A record 650,000-ton COMEX inventory build, a 5.5:1 long-to-short ratio and an imminent Section 232 ruling on refined copper create conditions for an outsized volatility event regardless of which way Tuesday's decision lands.
Copper futures (HG) are trading off the all-time highs of $6.6525 per pound reached on June 2, having retreated amid the dollar's strength, which in turn reflected the market's repricing of rate hike odds. The contract is expected to see some volatility in the near term as traders bake in expectations concerning the demand-supply equilibrium and a U.S. Commerce Department tariff decision due Tuesday.

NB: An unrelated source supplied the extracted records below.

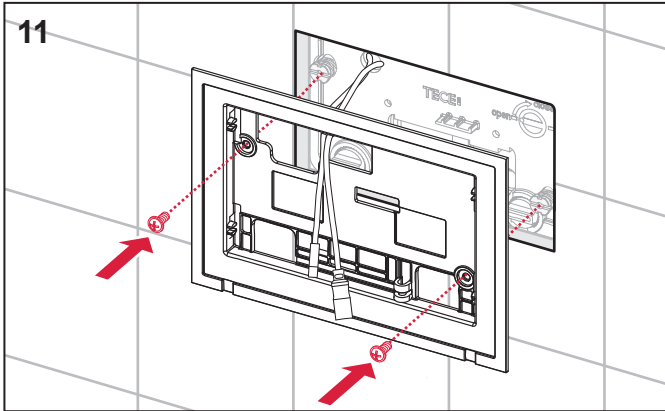

# TECElux Mini (2003 – 2020) + (2021, ...)

- (DE) Optional programmierbar mit Fernbedienung
- (GB) Optionally programmable with remote control
- (FR) Programmable optionnellement avec la télécommande
- (IT) Opzione per programmazione con telecomando
- (ES) Opcionalmente programable con control remoto
- (PL) Opcjonalnie możliwość programowania pilotem
- (RU) ОПЦИОНАЛЬНО ПРОГРАММИРУЕТСЯ С ПУЛЬТОМ УПРАВЛЕНИЯ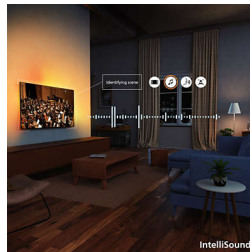

4K QLED

צבעים חזקים. סצנות חדות במיוחד. זוהי בהירות היא (UHD) עם 4 Quantum Dot. הצבעים של תוכלו להיסחף לתוך כל HDR-מסתגלת לכל פורמטי ה רגע עוצר נשימה, בין אם הוא חשוך או מואר, במשחק או בסטרימינג, סצנה אחר סצנה.

IntelliSound

QLED מאפשר לטלויזיית IntelliSound מנוע כדי לספק את הצליל הטוב ביותר! בין AI-להשתמש ב אם מדובר בתוכניות וסרטים, מוזיקה או תוכן עם הרבה דיבור כמו חדשות, הטלויזיה תמטב את ההגדרות אפשר גם AI-באופן אוטומטי. לא רוצים להשתמש ב לבחור סגנונות צליל קבועים מראש באופן ידני או להתאים את ההגדרות בעצמכם.

Copper futuresfor September delivery slipped about 1% to $6.15 at last check.
Trading Off Near-term Peak
Source: TradingView
The Commerce Department under Secretary Howard Lutnick is scheduled to deliver a formal report on domestic copper supply and refining capacity to President Donald Trump by June 30. The review was mandated under the original August 2025 Section 232 proclamation, which imposed 50% tariffs on semi-finished copper products (pipes, wires, rods and tubes), while carving out refined copper pending a separate assessment.
The review centers on whether America's domestic refining capacity is sufficient to meet military and critical infrastructure demand in the event of a supply disruption without dependence on foreign supply chains, particularly from Chile, Canada, and China. These countries together account for the bulk of U.S. copper imports. A conclusion that imports constitute a national security threat would give President Trump the legal authority under Section 232 to extend tariffs beyond semi-finished products to refined copper itself.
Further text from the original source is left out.